Amino acid geochronology is based largely on the extent of racemization in fossils, as measured by the ratio amounts of D- and L-isomers. Here we report a new, fully automated reverse phase HPLC procedure for sample and precise stereoisomeric separations. At least nine pairs of DL-amino acids are separated with baseline resolution in 75 min using commercially available reagents and equipment. By optimizing precolumn derivatization, we attained compound detectability in the sub-picomole range, sufficient for milligram-size molluscan samples.
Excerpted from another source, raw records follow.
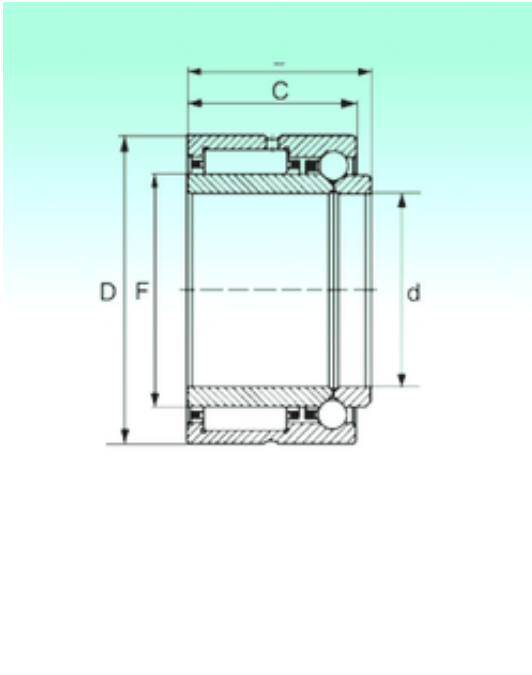

Bearing Manufacturing of America

NKIB 5909 Bearing 2D drawings and 3D CAD models

45 mm x 68 mm x 34 mm 45 mm x 68 mm x 34 mm NBS NKIB 5909 complex bearings

Bearing No. NKIB 5909

Size	45x68x34 mm
Bore Diameter	45 mm
Outer Diameter	68 mm
Width	34 mm
d	45 mm
F	52 mm
D	68 mm
B	34 mm
C	30 mm
Weight	0,38 Kg
Dynamic load rating radial (C)	42,75 kN
Dynamic load rating axial (C)	7,315 kN
Static load rating radial (C0)	69,35 kN
Static load rating axial (C0)	13,3 kN
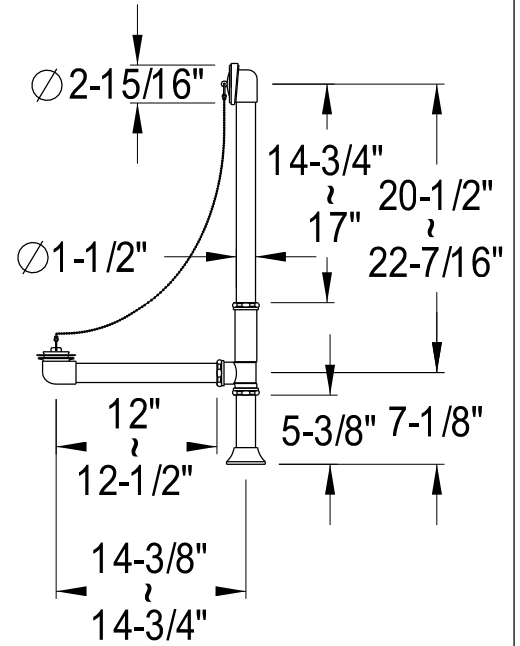

CCK3141,2,5,8AL

Shower Combo

CC2091,2,5,8

Tub Waste & Overflow, 20 Gauge

CC461,2,5,8

Single Offset Bath Supply
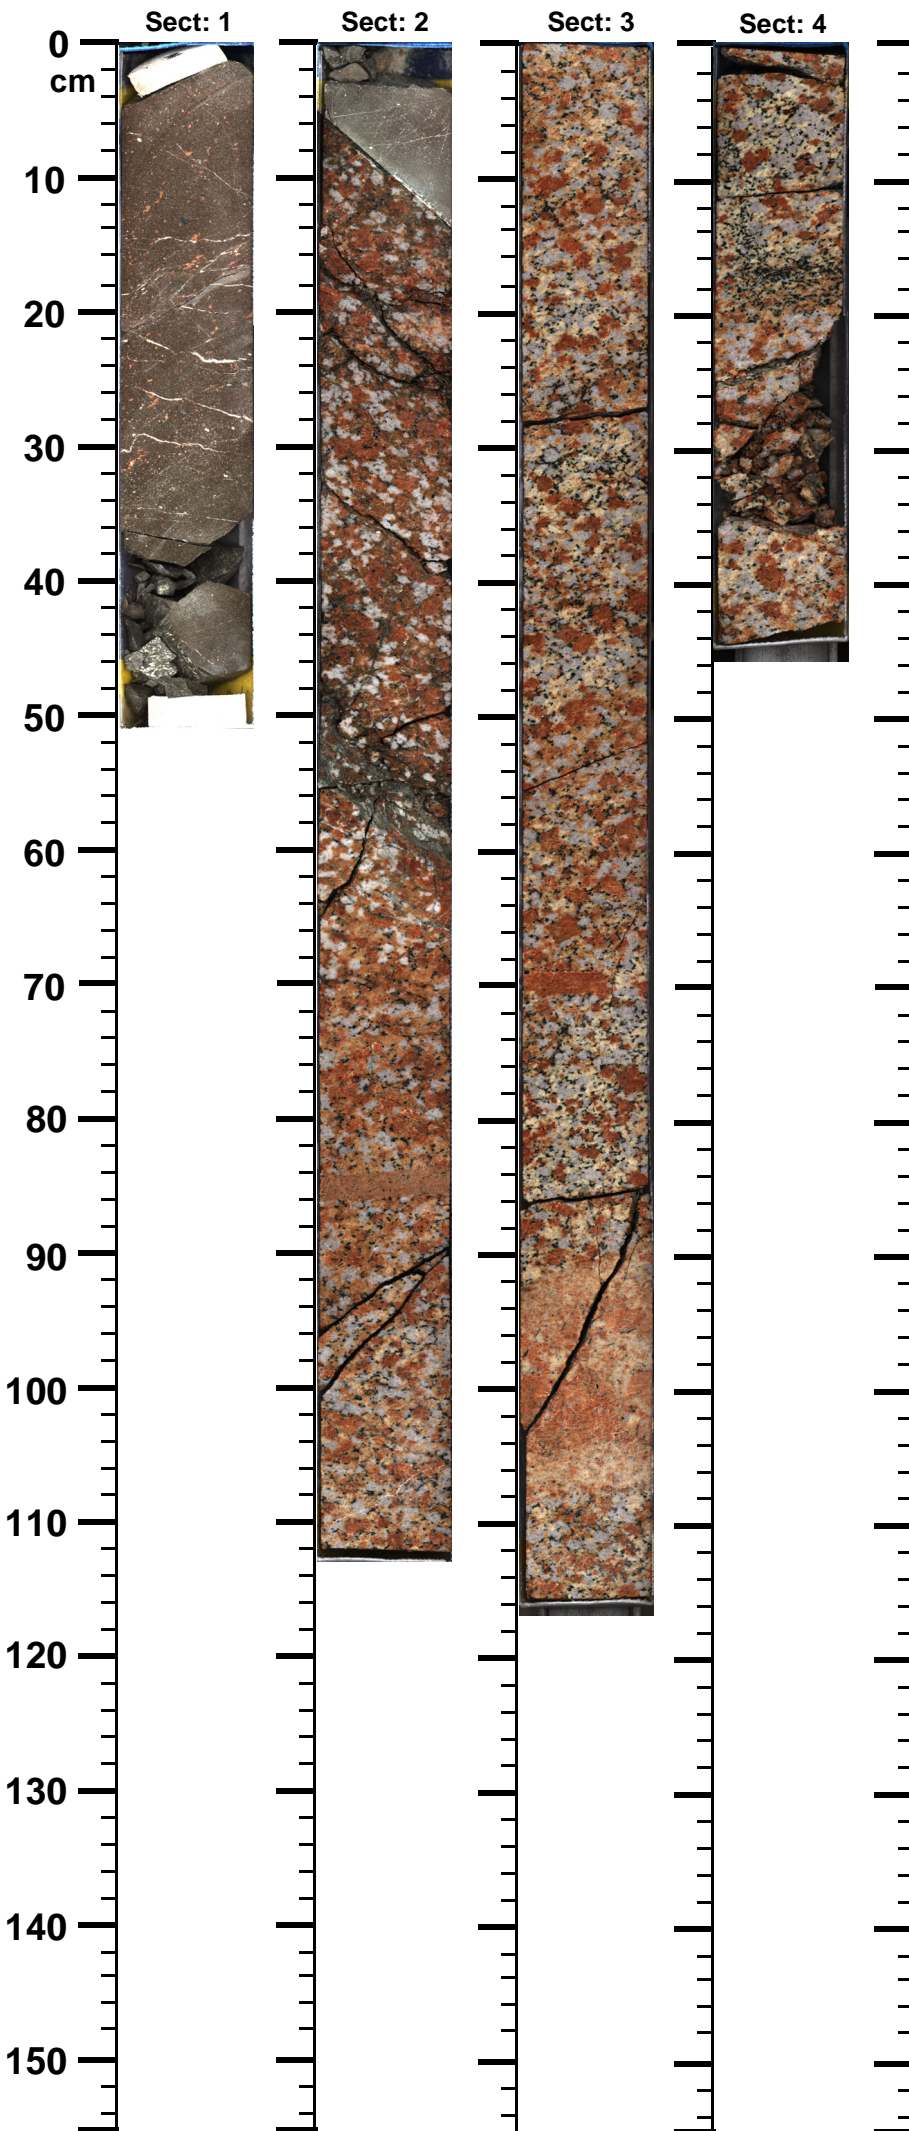

Expedition

364

Site

77

Hole

A

Core

235-R

Top

1124.79

Bottom

1127.89

(m)

364 - M0077 - A - 235R
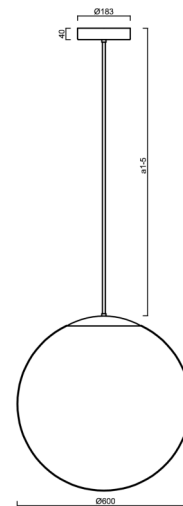

Technical

Types of luminaires	Classic on/off
Mounting type	Suspended - rod
Base material	steel
Shade material	opal polymethyl methacrylate
Base color	black Ral9005
Shade color	white
Holding the shade	steel holder
Mounting location	ceiling
Width	600 mm
Length	600 mm
Height	600 mm
Diameter	ø 600 mm
Hinge length	800 mm
mounting holes (diameter)	3xø5mm
Cable entrance	2xø16mm
Energy Class	D
Impact strength	IK06
Operating temperature	from -20°C to +30°C

Eulum data for calculation programs are available at www.osmont.cz.

Logistic

EAN	8591728016654
Weight NTTO	5.5 Kg
Weight BTTO	8.1 Kg
Number of cartons	2 pcs
Package volume	0.278 m ³
Package 1 width	0.62 m
Package 1 length	0.62 m
Package 1 height	0.63 m
Warranty*	60 months

*The warranty for the batteries is valid for 12 months from the date of purchase.

Installation dimensions:

Additional assortment:

Lampshade

Product code	Name	Color	Description	Picture	Drawing
20667	PM5-M	white	příslušenství		
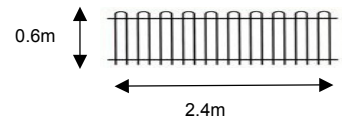

0.9m Loop & Spear
Ex VAT £126.96
Inc VAT £146.00

0.6 Loop & Spear
Ex VAT £110.43
Inc VAT £127.00

Loop Finish

1.2m Loop
Ex VAT £134.78
Inc VAT £155.00

0.9m Loop
Ex VAT £118.26
Inc VAT £136.00

0.6m Loop
Ex VAT £101.74
Inc VAT £117.00
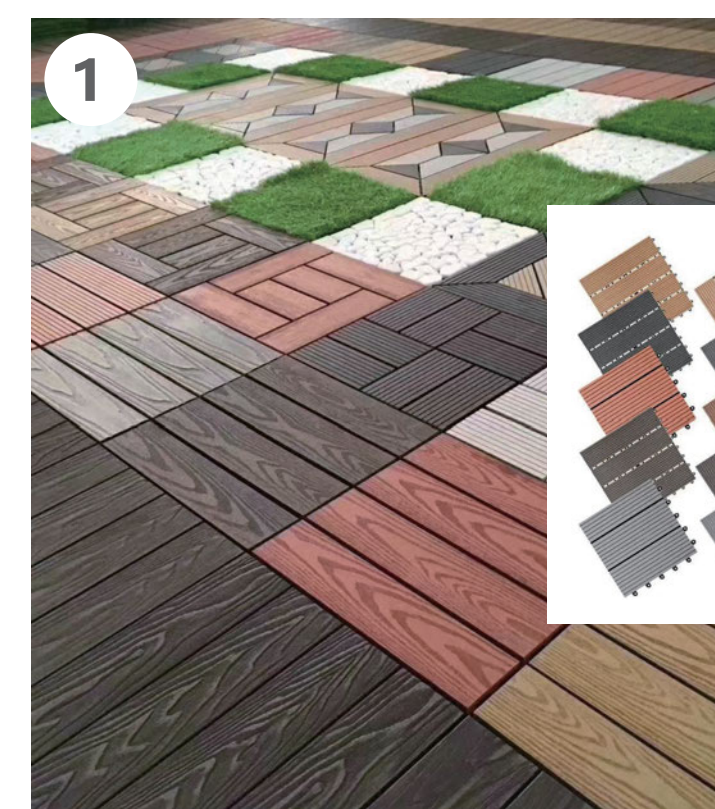

Engineering Cases

* PLEASE CONTACT OUR SALES TEAM FOR MORE COLORS
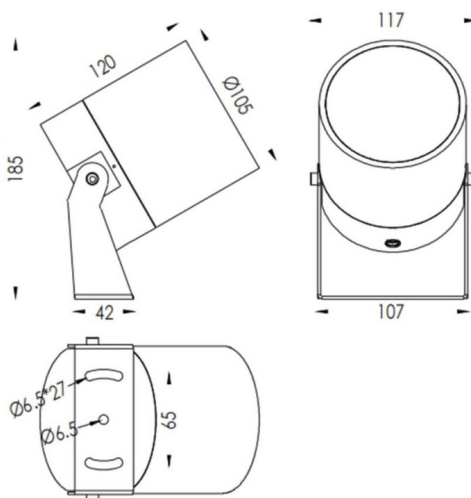

TUBEO-R

Lavov spike spot light from the family TUBEO-R with a power of 23W and a 36 degrees beam angle. With a total lumen output of 1749lm and a luminous efficiency of 76lm/W. Made in Die Cast Aluminum body, steel bracket and Tempered Glass cover and finished in White colour. IP67 and IK10 degree of protection ON-OFF driver.

Dimensions

Product dimensions (mm) 105(Dia)X120(H)mm

Scheme

Item code	86.OS04.5341.01
Product type	Outdoor
Category	Spike Spot Light
Family	TUBEO-R
Subfamily	TUBEO-R

Pictograms

Product	
Real power (W)	23
Real luminous flux (Lm)	1749
Luminous efficiency (Lm/W)	76
Beam angle (°)	36
Life time (h)	50000h L70B10
IP	65
Electrical class insulation	Class II
Colour	White
Control gear included	Yes
Control gear	ON-OFF
Light source	LED
Type of LED	1x23W CREE 1820
Average life time (h)	50000h L70B10
Colour temperature (K)	3000
Colour consistency (SDCM)	SDCM3
CRI	80
IK	IK10
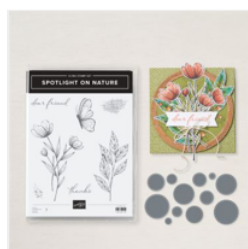

Supply List

Peggy Murwin

815-653-2216

peggymurwin@comcast.net

www.stampwithpeggy.com

[Spotlight On Nature Bundle - 163581](#)

Price: \$52.00

[Spotlight On Nature Cling Stamp Set \(English\) - 163579](#)

Price: \$23.00

[Spotlight On Nature Dies - 163580](#)

Price: \$35.00

[Country Lace 12" X 12" \(30.5 X 30.5 Cm\) Designer Series Paper - 163415](#)

Price: \$12.50

[Basic Beige 8-1/2" X 11" Cardstock - 164511](#)
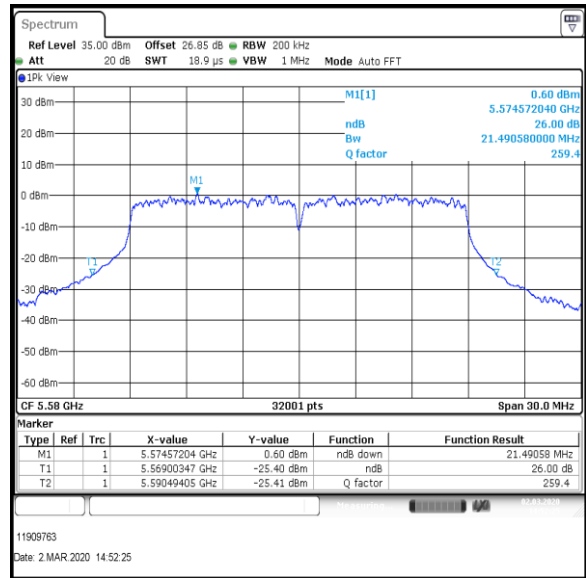

Middle Channel
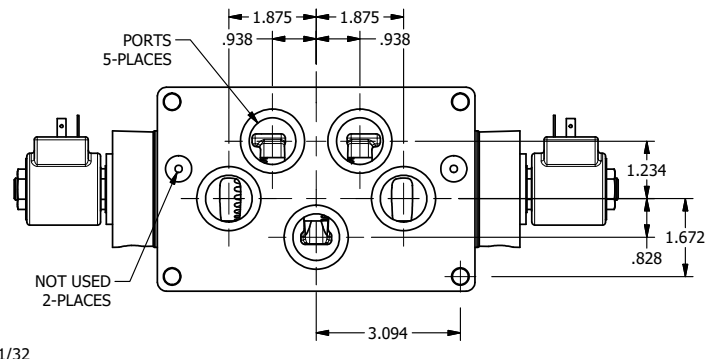

4

3

2

1

**AAA**  
PRODUCTS  
INTERNATIONAL

**AAA PRODUCTS INTERNATIONAL**  
7114 Harry Hines Blvd  
Dallas, TX 75235

TITLE: 1" SUBPLATE, DBL SOL, 2 POS,  
FRICTION POS, SOL RTRN,  
ISO 4400, LCKNG OVRD, EXT PILOT

DRAWING NO.:  
DIM\_SS8PEDOZ

THE INFORMATION CONTAINED WITHIN THIS DOCUMENT IS PROPRIETARY TO AAA PRODUCTS AND MAY NOT BE DISCLOSED WITHOUT PRIOR WRITTEN CONSENT

4

3

2

1
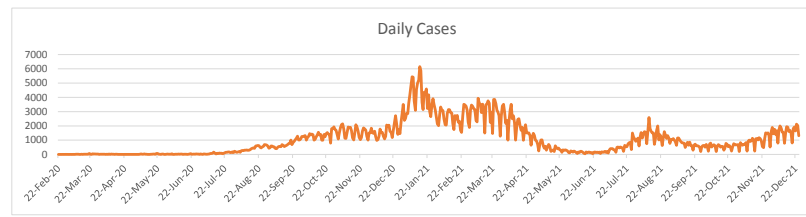

LEB | Covid - 19 Daily Situation Report
26-Dec-21

Total Cumulative confirmed cases	712,570	incl. 11360 Arrivals since 21.02.2020
New confirmed cases in the last 24 hours	1,311	incl. 134 Arrivals
Number of PCR Tests done in the last 24 hours	NA	
Positivity Rate	NA	
Cumulative death cases	9,042	
Number of death cases in the last 24 hours	15	
Death Rate	1.3%	
Hopitalized Cases	NA	
Recovered Cases	NA	

Vaccine Updates

Cumulative Vaccinations (1st Dose)	2,333,934
Cumulative Vaccinations (2nd Dose)	1,922,942
Cumulative Vaccinations (3rd Dose)	273,995
Vaccinations given in the last 24 hours (1st Dose)	1,420
Vaccinations given in the last 24 hours (2nd Dose)	231
Vaccinations given in the last 24 hours (3rd Dose)	389

Covid-19 Worldwide Situation update	
Cumulative confirmed cases	280,343,560
Total death cases	5,416,926
Death Rate	2.5%
Recovered cases	250,430,770
Critical cases	88,430

References:
MoPH
Worldometers
FT Vaccine tracker
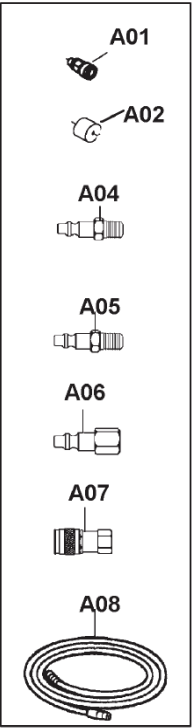

MAC5200
3HP, 5.2Gal. SINGLE COMPRESSOR
REGULAR TIRE
(*No-Flat Tire, See Page 4 - MAC5200-P)

Item No.	Type	Sub	Part No.	Description	Qty	Unit
001			101001	CYLINDER HEAD	1	PC.
002			211001	VALVE SEAT TO HEAD GASKET	1	PC.
003			104005	INLET & EXHAUST VALVE SEAT	2	PC.
004			212006	INLET & EXHAUST VALVE SEAL GASKET	1	PC.
005			125004	INLET & EXHAUST VALVE PLATE	2	PC.
006			151209	ELBOW	2	PC.
008			365003	BOLT FOR CONSOLE	4	PC.
009			352087	CYLINDER HEAD BOLT	4	PC.
010			382011	SPRING WASHER	4	PC.
011			151404	DISCHARGE ELBOW	1	PC.
012			230092S	DISCHARGE TUBE ASSY	1	PC.
013			151001	UNLOADING ELBOW	3	PC.
014			441025	NIPPLE	1	PC.
015			213009	VALVE SEAT TO CYLINDER GASKET	1	PC.
016			201013	CYLINDER	1	PC.
017			203002	PISTON	1	PC.
018			206002	COMPRESSION RING	2	PC.
019			207002	OIL CONTROL RING	1	PC.
020			204002	PISTON PIN	1	PC.
021			205001	PISTON PIN SNAP RING	2	PC.
022			214001	CYLINDER TO CRANKCASE GASKET	1	PC.
023			371005	SET NUT (CYLINDER TO CRANKCASE)	2	PC.
024			382005	SPRING WASHER (CYLINDER TO CRANKCASE)	2	PC.
025			358001	DOUBLE HEAD SCREW	2	PC.
026	1		402015-01	RETAINER CAP L, PLASTIC F/WHEEL #402015 (Use with 403002)	2	PC.
	2		403002	RETAINER CAP S, METAL F/WHEEL #402015 OR #2920295	2	PC.
027			215001	CRANKCASE COVER GASKET	1	PC.
028			302001	CRANKSHAFT	1	PC.
029			304014	CRANKCASE COVER	1	PC.
030			316001	CONNECTING ROD	1	PC.
031			321001	OIL SIGHT GAUGE	1	PC.
032			360001	OIL DRAINING PLUG	1	PC.
033			433011	MOTOR COVER	1	PC.
034			352071	MOTOR/CRANKCASE COVER BOLT	9	PC.
035			170013	AIR FILTER ASSY	1	PC.
036			324003	OIL FILLER/CRANKCASE BREATHER	1	PC.
037			251209	ELECTRIC MOTOR/CRANKCASE	1	PC.
		INC.		Item No. 53, 61, 69-71, 73		
038	2		2020295	WHEEL	2	PC.
039			217001	OIL GAUGE GASKET	1	PC.
040			401125	AIR TANK WITH FRAME	1	PC.
041			411029	PRESSURE/REGULATOR GAUGE	2	PC.
		INC.	411029-1-01	GLASS LENS	2	PC.
042			410029	REGULATOR	1	PC.
043			435016	RUBBER HANDLE	3	PC.
044			434006	TANK FOOT ASSY	2	PC.
046			407001	SAFETY VALVE (1/4")	1	PC.
047			413008	DRAIN COCK	1	PC.
048			409004	CHECK VALVE	1	PC.
		INC.	485002	ORANGE PUCK	1	PC.
049			452015	POWER CORD	1	PC.
050			412025	PRESSURE SWITCH	1	PC.
051			441001	REGULATOR NIPPLE	1	PC.
052			228070	UNLOADING TUBE ASSY (1/4")	1	PC.
053			431010	MOTOR FAN	1	PC.
054			151002	UNLOADING ELBOW	1	PC.
055			360002	PLUG	2	PC.

Analytical reproducibility for nine DL ratios in four fossils spanning a broad range of ages averages 7% (n = 14-28) Asp and Glu DL ratios are the most consistently well resolved and reproduced, with analytical variations of 2 and 3%, respectively. Ratios in three fossil mollusc samples analyzed by the new method and measured previously by GC-based laboratories overlap in 17 out of 18 cases, when considering the ± 1 sd analytical errors and ± 1 sd inter-laboratory variation. To determine the hydrolysis procedure that minimizes induced racemization while maximizing amino acid recovery, we hydrolyzed seven powdered molluscan fossils of different ages and genera for 0-48 h at 110°C. Concentrations of most amino acids reached a stable plateau after 6-8 h. For young samples, in which faster-racemizing amino acids are targeted (especially Asp), a hydrolysis time of 6 h minimizes induced racemization while attaining nearly complete amino acid recovery. For older samples, 22 h at 110°C is preferred.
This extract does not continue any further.